Presiden sudah bergerak cepat, menterinya harus lebih cepat lagi. Begitu dengar akan di reshuffle, pada buru-buru pergi ke Istana, untuk apa? Toh reshuffle itu hak prerogatif Presiden yang tidak bisa di intervensi. Tunggu nasib aja, sambil mengukur diri, kalau sudah merasa bekerja dengan baik, ya buktikan saja.
Pada periode pertama pemerintahan Jokowi, banyak sekali menteri yang bekerja melebihi ekspektasi, masing-masing sudah tahu apa yang harus dilakukan, tidak bekerja hanya menunggu instruksi.Â
Pada periode kedua sekarang ini, Presiden Jokowi memang kebablasan, banyak sekali menteri yang tidak mengert apa yang harus dikerjakan.
Menteri memang perlu diganti kalau sudah tidak satu frekuensi dengan Presiden.

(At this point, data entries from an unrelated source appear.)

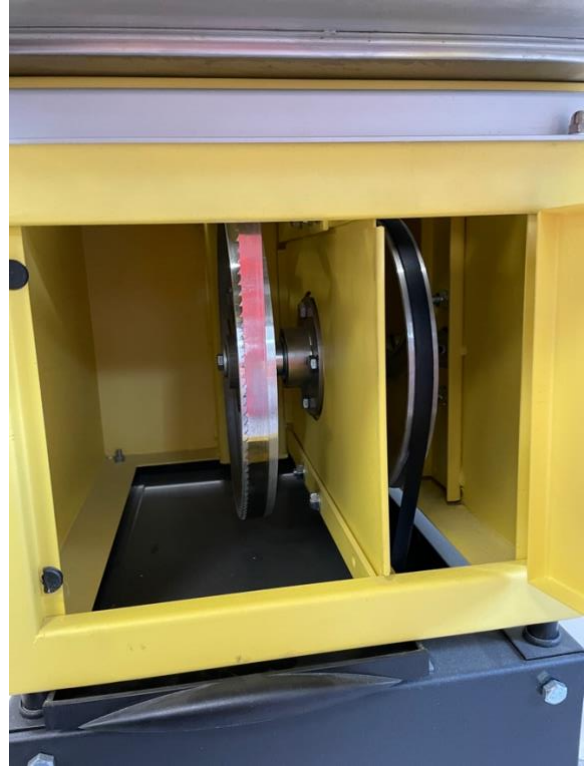

# Kjøtttsag SSG250

---

Kulelagerstyring over og under sagbord

Øvre bladstyring kan heves og senkes, maks kuttehøyde på ca. 210 mm

Lett tilkomst for rengjøring med luke inn til øvre og nedre drivhjul

Oppsamlingsbrett under nedre sagbladhjul

Mulighet for tilkobling av kjøttkvern på siden av sagen.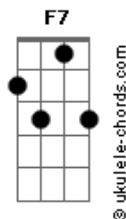

Tatsuya Kitani - Ao No Sumika (Where Our Blue Is)

tom:

Dm (forma dos acordes no tom de Dbm)

Capostrate na 1ª casa

Intro: Bbm7 Ebm7 F7
Bbm7 Ebm7 F7

[Verse 1]

F#7M Db
Dokomademo tsuzuku you na ao no
Kisetsu wa
F#7M Db
Yotsu narabu manako no mae wo
Saegiru mono wa nanimo nai
F#7M Db
Asufaruto semishigure wo hansha
Shite
F#7M Ab
Kimi to yuu chinmoku ga kikoenu
Bbm7
Naru

[Pre-Chorus]

F#7M
Kono hibi ga iroaseru
Fm7
Boku to chigau kimi no nioi wo
B
Shitteshimatte mo
Ebm7 Fm7 F#7M F
Okiwasuretekita eien no soko ni

[Chorus]

Gbm7 F7
Ima demo ao ga sundeiru
Bbm7 Abm7
Ima demo ao wa sundeiru
Db Gbm7 F7
Donna inori mo kotoba mo
Bbm7 Fm7
Chikazukeru no ni todokanakatta
Db Gbm7 F7
Marude shizuka na koi no you na
Bbm7 Abm7
Hoho wo tsutatta natsu no you na iro
Db
No naka
Ebm7 Fm7
Kimi wo norou kotoba ga zutto nodo
F#7M F7
No oku ni tsukaeteru
Gbm7 Ab
?Mata aeru yo ne? tte
Bbm7 Fm7
Koe ni naranai koe
(F#7M Ab Bbm7 Fm7)

[Verse 2]

F#7M Db
Hirusagari jimetsuku kaze no kisetsu wa
F#7M Db

Acordes

Omoi haseru mada nanimono demo

Nakatta bokura no shouzou
F#7M Db
Nanimo kamo wakachiaeta hazu datta
F#7M Ab
Ano hi kara sukoshizutsu
Bbm7 Db
Kimi to chigau boku to yuu noroi ga
Futotte iku

[Bridge]

F#7M Db
La la la la la la Laaaaaa
F#7M Db
La la la la la la La

F#7M Db
Kimi no egao no oku no urei wo
F#7M Fm7 B
Miotoshita koto kuyamitsukushite

Gb F#7M Ab Gb
La la la la
Fm7 Ab Bbm7 Gb
La la la la

Ebm7 Fm7 F#7M Ab
Adabana to saite chitteiku kimi ni

Sayonara

[Chorus]

Gbm7 F7
Ima demo ao ga sundeiru
Bbm7 Abm7
Ima demo ao wa sundeiru
Db F#7M F7
Donna inori mo kotoba mo
Bbm7 Fm7
Chikazukeru no ni todokanakatta
Db F#7M F7
Marude shizuka na koi no you na
Bbm7 Abm7
Hou wo tsutatta natsu no you na iro
Db
No naka
Ebm7 Fm7
Kimi wo norou kotoba ga zutto nodo
F#7M F7
No oku ni tsukaeteru
Gbm7 Ab
?Mata aeru yo ne? tte
Bbm7 Fm7
Koe ni naranai koe

[Final]

F#7M Ab
Mugen ni bouchou suru ginga no hoshi
Bbm7
No tsubu no you ni
C#7M F#7M
Yubi no sukima wo koboreta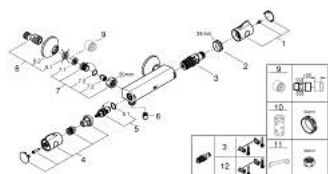

34 558 000 GROHTHERM 800 TERMOSTATICKÁ SPRCHOVÁ BATERIE, DN 15

POPIS PRODUKTU

- Barva: chrom
- nástěnná montáž
- povrchová úprava GROHE Long-Life
- Tlačítková pojistka GROHE SafeStop na 38 °C
- Volitelný omezovač teploty GROHE SafeStop Plus na úrovni 43 °C
- Kompaktní kartuše GROHE TurboStat s voskovaným termočlánkem
- integrovaný uzávěr smíšené vody
- ovládání průtoku s úsporným tlačítkem a individuálně nastavitelnou úspornou zarážkou
- keramický vršek DN 15, 180°
- výstup sprchy dole DN 15
- zachytávač nečistot
- integrované zpětné klapky
- ochrana proti zpětnému toku vody
- S-přípojky
- kovová rozeta
- GROHE Water Saving – méně vody, dokonalý průtok

34 558 000 GROHTHERM 800 TERMOSTATICKÁ SPRCHOVÁ BATERIE, DN 15

NÁHRADNÍ DÍLY , února 2014 – Nyní

- 1: Rukojeť na ovládání teploty (Č. obj. 47981000)
- 2: Upevňovací kroužek (Č. obj. 47743000)
- 3: Kompaktní kartuše termostatu DN 15 (Č. obj. 47439000)
- 4: Uzavírací rukojeť (Č. obj. 47980000)
- 5: Keramický vršek DN 15 (Č. obj. 45346000)
- 5.1: O-Kroužek Ø18,2 x Ø1,7 (Č. obj. 0392400M)
- 6: Zpětná klapka (Č. obj. 08565000)
- 7: Zpětná klapka (Č. obj. 47189000)
- 7.1: Sítko (Č. obj. 0726400M)
- 7.2: Zpětná klapka (Č. obj. 08565000)
- 7.3: O-Kroužek Ø17 x Ø2 (Č. obj. 0305500M)
- 8: S-přípojka (Č. obj. 12075000)
- 8.1: Těsnění (Č. obj. 0138600M)
- 8.2: Rozeta (Č. obj. 0221000M)
- 9: Prodloužení DN 20, 20 mm (Č. obj. 0713000M)*
- 10: Klíč (Č. obj. 19332000)*
- 11: Speciální klíč (Č. obj. 19377000)*
- 12: GROHE TurboStat kartuše DN 15 (Č. obj. 47175000)*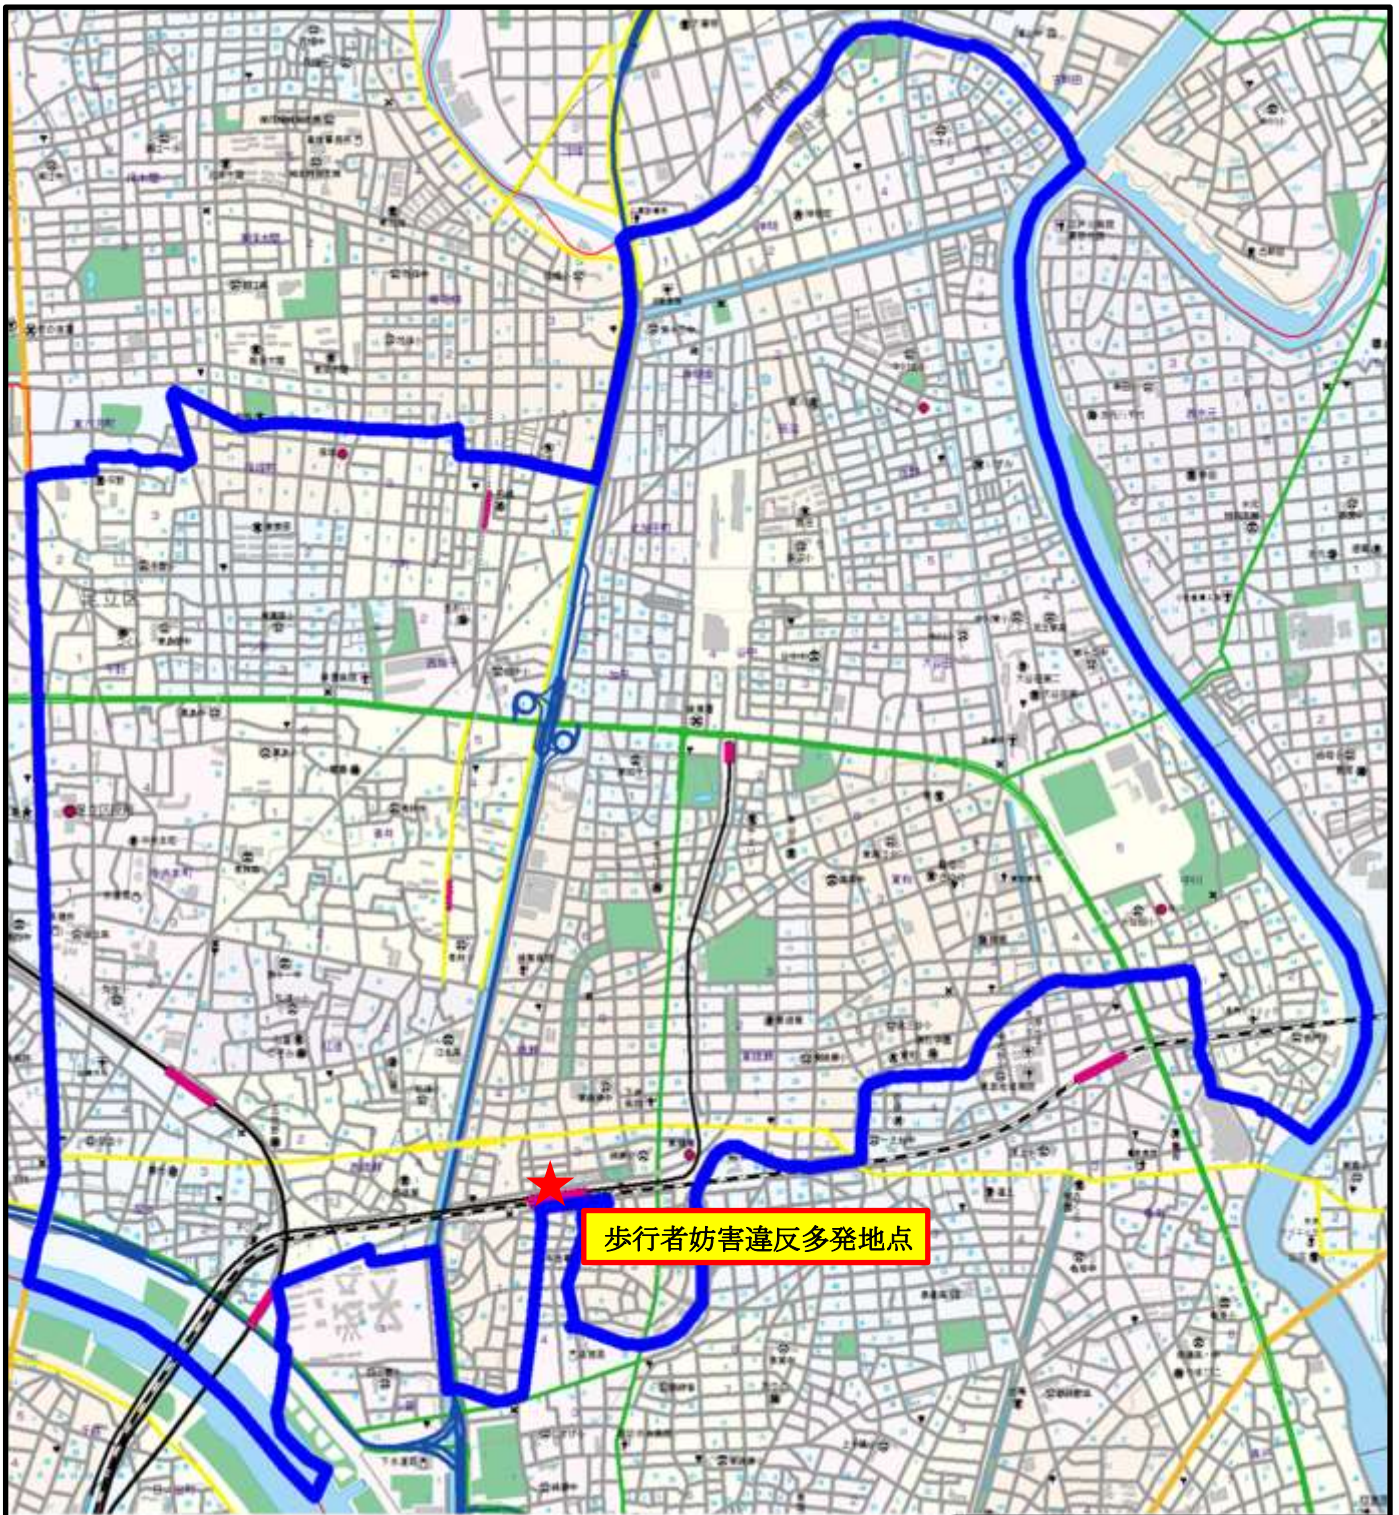

綾瀬警察署管内の交通違反多発地点

歩行者妨害違反多発地点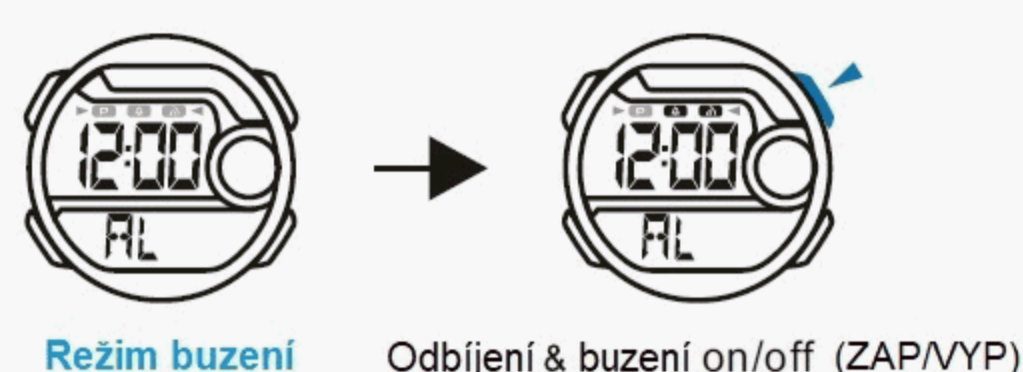

formát 12/24H

Zobrazení: Rok, měsíc, datum

Nastavení času

PODSVÍCENÍ

b BUZENÍ

Buzení & odbijení On/Off (ZAP/VYP)

Nastavení času buzení

c STOPKY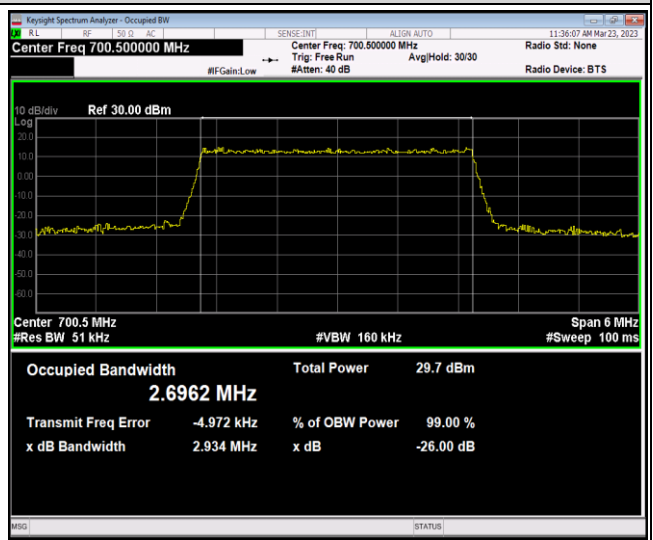

Band12-3MHz-QPSK-23165-15RB#0

Band12-3MHz-16QAM-23025-15RB#0

Band12-3MHz-16QAM-23095-15RB#0

Band12-3MHz-16QAM-23165-15RB#0

Band12-3MHz-64QAM-23025-15RB#0

Band12-3MHz-64QAM-23095-15RB#0

Band12-3MHz-64QAM-23165-15RB#0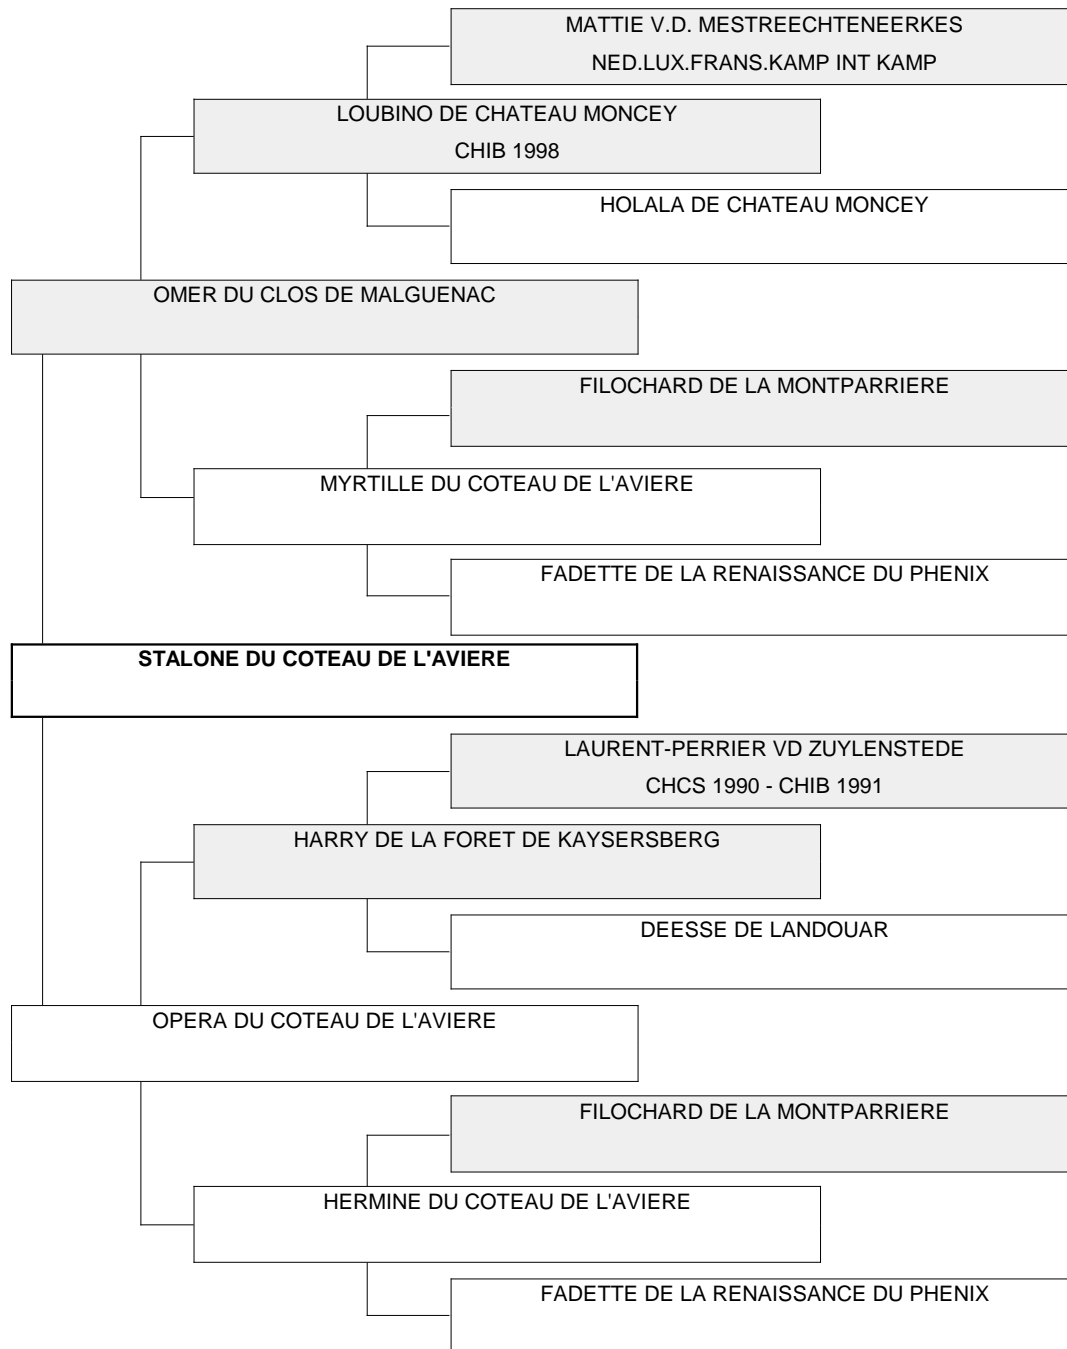

Généalogie

DUC DALI DE LA PARURE	ODILO VD GRIMMELSBURG "IMP" (DTSL) ZFB 14724 KAMP. W.'83 L'ANGE DE LA PARURE
FRENSKE V.D. MESTREECHTENEERKES	PRIMUS VD GRIMMELSBURG BERTHA V.D. MESTREECHTENEERKES
LOUIS D'OR MAXIM	BON GARCON VD GRIMMELSBURG LOUIS D'OR HEUREUSE GOGO
FAOLINE	DERNIER NABAB DE LA RENOUÉE VALDA
DOOG DES CODRES D'OR	VALIUM DU MOULIN DU MAS ROUGIER ARIANE DU DOMAINE DE TOURNESAC
CAROLINE DE LA MONTPARRIERE	VENDREDI DE LA MONTPARRIERE ANAÏS
DOOG DES CODRES D'OR	VALIUM DU MOULIN DU MAS ROUGIER ARIANE DU DOMAINE DE TOURNESAC
BONNIE DE LA RENAISSANCE DU PHENIX	FAN FAN DE MARO CHCS 1985 VOLTA DU CLOS DE LOUDUN
LANCELOT VD ZUYLENSTEDE CHAMPION NL - World 1985	ARDILES GEORGINA VD ZUYLENSTEDE
COCO CHANEL VD ZUYLENSTEDE	DORMANDI DIABLO BALOU VD ZUYLENSTEDE
BILL	UBER-FELIX DE LANDOUAR CHCS 1985 CHIB 1986 VIRGULE DU DOMAINE DE L'HIDALGERIE
VEGA DE LANDOUAR	CHICO DE LA LANT VIANDE CHCS 1984 CHIB NL LUX VDH W'83 SOPHIE DE LANDOUAR
DOOG DES CODRES D'OR	VALIUM DU MOULIN DU MAS ROUGIER ARIANE DU DOMAINE DE TOURNESAC
CAROLINE DE LA MONTPARRIERE	VENDREDI DE LA MONTPARRIERE ANAÏS
DOOG DES CODRES D'OR	VALIUM DU MOULIN DU MAS ROUGIER ARIANE DU DOMAINE DE TOURNESAC
BONNIE DE LA RENAISSANCE DU PHENIX	FAN FAN DE MARO CHCS 1985 VOLTA DU CLOS DE LOUDUN

Kerja eksekutif itu adalah kerja kolektif, harus sejalan, dalam visi dan misi yang sama. Pola tindaknya pun dalam situasi extraordinary, harus seragam dengan pola yang dilakukan Presiden.
Frekuensi kerja itu harus selalu dalam satu ritme yang sama. Presidennya dengan gaya metalica, menterinya masih dalam ritme dangdut, jelas gak ketemu.